*** DATA FOR REVIEW ***

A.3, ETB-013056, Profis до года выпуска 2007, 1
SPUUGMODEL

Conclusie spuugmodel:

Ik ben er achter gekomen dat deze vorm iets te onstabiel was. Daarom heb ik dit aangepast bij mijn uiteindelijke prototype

*** End of DATA FOR REVIEW ***
*** DATA FOR REVIEW ***

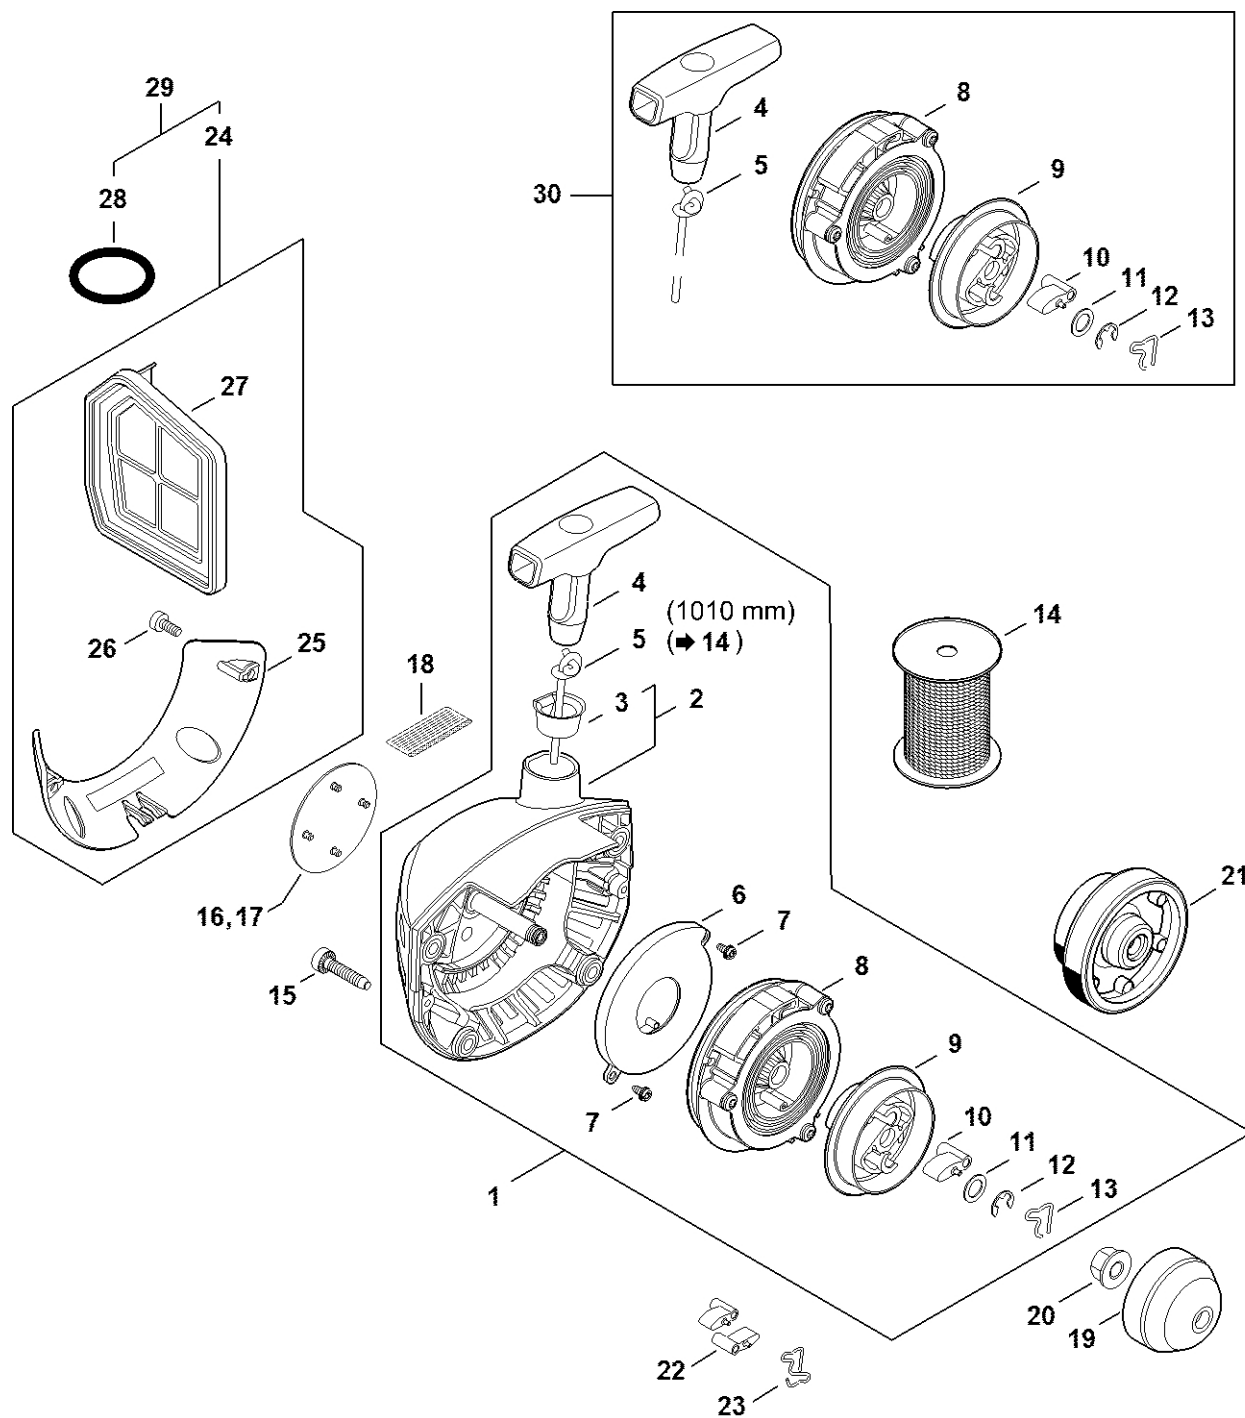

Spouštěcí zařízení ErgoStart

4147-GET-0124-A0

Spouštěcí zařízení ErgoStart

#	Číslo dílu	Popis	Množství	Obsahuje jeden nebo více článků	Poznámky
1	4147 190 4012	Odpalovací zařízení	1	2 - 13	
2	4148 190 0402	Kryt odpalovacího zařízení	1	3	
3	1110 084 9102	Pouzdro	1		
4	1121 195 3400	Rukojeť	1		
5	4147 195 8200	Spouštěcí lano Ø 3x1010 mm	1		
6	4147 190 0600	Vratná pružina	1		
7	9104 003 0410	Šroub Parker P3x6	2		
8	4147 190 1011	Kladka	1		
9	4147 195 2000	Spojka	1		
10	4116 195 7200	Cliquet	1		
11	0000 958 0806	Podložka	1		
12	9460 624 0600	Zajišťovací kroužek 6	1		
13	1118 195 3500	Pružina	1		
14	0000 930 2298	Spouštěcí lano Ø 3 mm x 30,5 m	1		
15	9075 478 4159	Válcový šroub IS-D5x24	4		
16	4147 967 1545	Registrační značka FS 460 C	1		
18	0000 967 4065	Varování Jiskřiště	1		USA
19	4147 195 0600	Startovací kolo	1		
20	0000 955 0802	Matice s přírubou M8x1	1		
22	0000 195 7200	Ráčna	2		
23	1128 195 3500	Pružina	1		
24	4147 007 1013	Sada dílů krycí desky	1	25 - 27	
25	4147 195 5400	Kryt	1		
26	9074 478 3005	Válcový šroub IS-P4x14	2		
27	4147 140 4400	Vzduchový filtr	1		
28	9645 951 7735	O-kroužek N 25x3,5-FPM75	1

*** End of DATA FOR REVIEW ***

Taking the entries above, restate exactly those lines that fall between the line with "A.3, ETB-013056, Profis" and the line with "Ik ben er achter", keeping both of those lines too.

A.3, ETB-013056, Profis до года выпуска 2007, 1
SPUUGMODEL

Conclusie spuugmodel:

Ik ben er achter gekomen dat deze vorm iets te onstabiel was. Daarom heb ik dit aangepast bij mijn uiteindelijke prototype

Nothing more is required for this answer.